- Opening Delimiter -
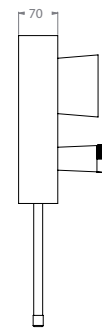

ZÄHLER

EINZELZÄHLER MIT ABSPERRUNG NACH UNTEN GEHENDE ROHRFÜHRUNG

Die Grüne Box:	Extrudierter Polystyrol-Hartschaum (XPS); putzträgerfähig (Wabenstruktur)
Druckrohr:	Mehrschichtverbundrohr (VBR) — Vernetztes Polyethylen (VPE) — Polypropylen (PP)
UP-Ventil:	1 x ¾" (ohne Sichtteil)
Lieferumfang:	Bauschutzkappen für UP-Ventil und Zählergrundgehäuse

Produktbezeichnung	Artikelnummer	Druckrohr		Abfluss		Zusatzinformation
		Ø VBR	Ø PP	Ø	Material	
1/1ZUTK7-XX20/25	MAZA0112XX1	d20	d25			Techem MK 90
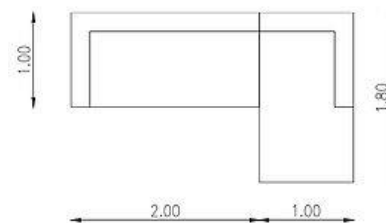

Sofá Valentino

Medidas:

200 x 100 cm.

220 x 100 cm.

240 x 100 cm.

265 x 160 cm. - Mini Valentino Rinconero

300 x 180 cm. - Valentino Rinconero

ESTRUCTURA: Multilaminado Fenólico B 18 mm.
Caras de eucaliptus Grandis. Tablas de eucaliptus Grandis secas, horneadas con humidificación 8/12%.

RELLENOS: Espumas 100% poliéster Piero SA en diversas densidades que aseguran el confort del producto.

CINCHAS de caucho revestido.

RESORTES tipo Box de acero.

Reclinable/Posiciones: No.

Módulos: 1/2.

Colores: a elección.

Telas: Jackard/Chenille/Lino/Pana/Cuero/Símil Cuero.

200 x 100 cm:

$1.838.100

220 x 100 cm:

$2.068.500

240 x 100 cm:

$2.275.200

Mini Valentino Rinconero:

$3.080.200

Valentino Rinconero:

$3.688.000

MEDIDAS
2.00x1.00
2.40x1.00
PATAS: 11
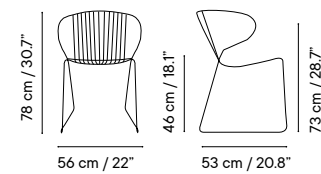

Chair & armchair: MOQ 4
Poltrona: MOQ 2
Lead time: 2/4 weeks

Dimensions in cm and inches
Medidas en cms y pulgadas

8072QS
Chair

7207QS
Armchair

9152QS
Poltrona

7207QS

8072QS

9152QS

Lead time: 2/4 weeks

Dimensions in cm and inches
Medidas en cms y pulgadas

Table Height 76 cm / 29.9"

5064QS	70 x 70 cm / 27.6 x 27.6"
5065QS	80 x 80 cm / 31.5 x 31.5"
5066QS	90 x 90 cm / 35.4 x 35.4"

5064QS

Lead time: 2/4 weeks

Dimensions in cm and inches
Medidas en cms y pulgadas

Height 74 cm / 29.9"

○		□	
9007QS	∅ 60 cm / ∅ 23.6"	9062QS	60 x 60 cm / 23.6 x 23.6"
9008QS	∅ 70 cm / ∅ 27.6"	9063QS	70 x 70 cm / 27.6 x 27.6"
9009QS	∅ 80 cm / ∅ 31.5"	9059QS	80 x 80 cm / 31.5 x 31.5"
9354QS	∅ 90 cm / ∅ 35.5"	9357QS	90 x 90 cm / 35.5" x 35.5"

Lead time: 2/4 weeks

Dimensions in cm and inches
Medidas en cms y pulgadas

Height 74 / 29.1"

	○	□
5028QS	ø 60 cm / ø 23.6"	5032QS 60 x 60 cm / 23.6 x 23.6"
5029QS	ø 70 cm / ø 27.6"	5033QS 70 x 70 cm / 27.6 x 27.6"
5030QS	ø 80 cm / ø 31.5"	5034QS 80 x 80 cm / 31.5 x 31.5"
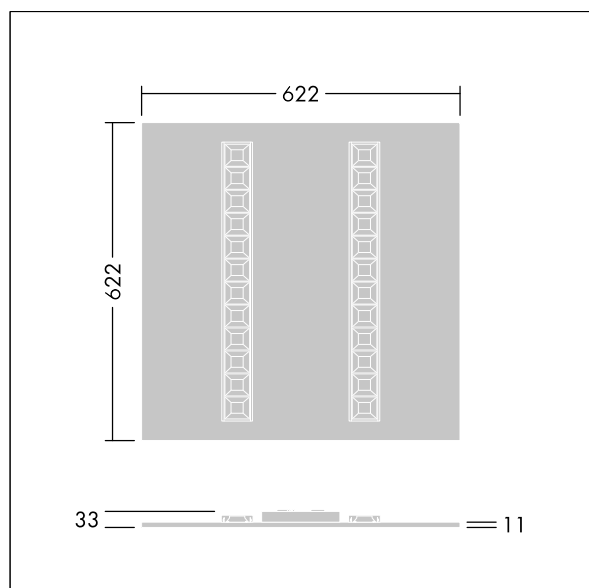

Misure: 622 x 622 x 33 mm

Potenza impegnata apparecchio: 32,7 W

Flusso luminoso apparecchio: 5000 lm

Efficienza apparecchio: 153 lm/W

Peso: 2,65 kg

TLG\_OMGM\_F\_600X600.jpg

TLG\_OMGM\_M\_625X625.wmf

Questo prodotto contiene una sorgente luminosa di classe di efficienza energetica D.
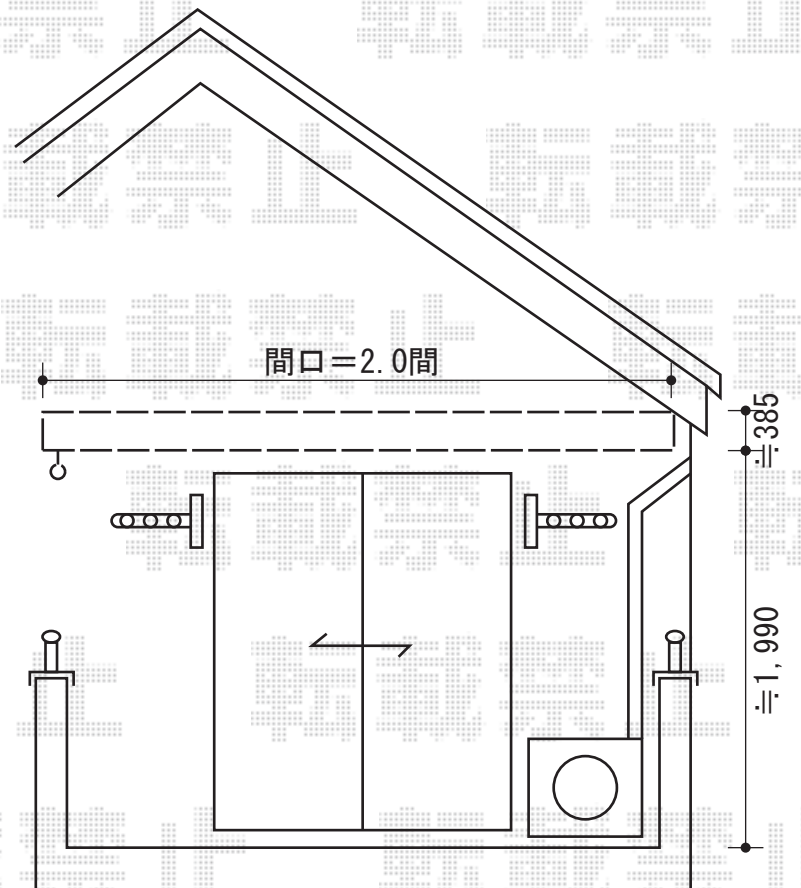

彩鳥C型 ボックスタイプ 手動式

トステム 彩鳥C型 ボックスタイプ 手動式

間口=関東間2.0間 (3,640mm)

出幅=1,250mm

本体色：シャイングレー

キャンバス色：ポリエステル（カフェブラウン）

駆動：外観左側駆動

クランクハンドル：1,500mm
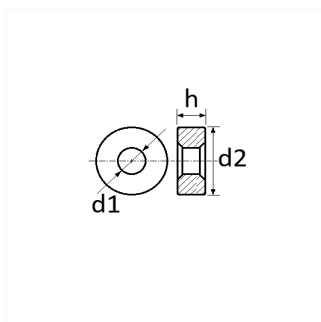

1 Allée des Bouleaux -F-95110 SANNOIS
+33 (0)1 39 98 55 00
info@restagraf.com

ENTRETOISE À SOUDER CYLINDRIQUE Ø 10 x Ø 21 x 16,5 mm

Code article

214457

Informations techniques

d1	10 mm
d2	21 mm

Matières

ACIER SAE 1010
- Closing Delimiter -
=== Task ===
Extract all lines of the records above that include "Rinconero".

=== Your response ===
265 x 160 cm. - Mini Valentino Rinconero
300 x 180 cm. - Valentino Rinconero
Mini Valentino Rinconero:
Valentino Rinconero:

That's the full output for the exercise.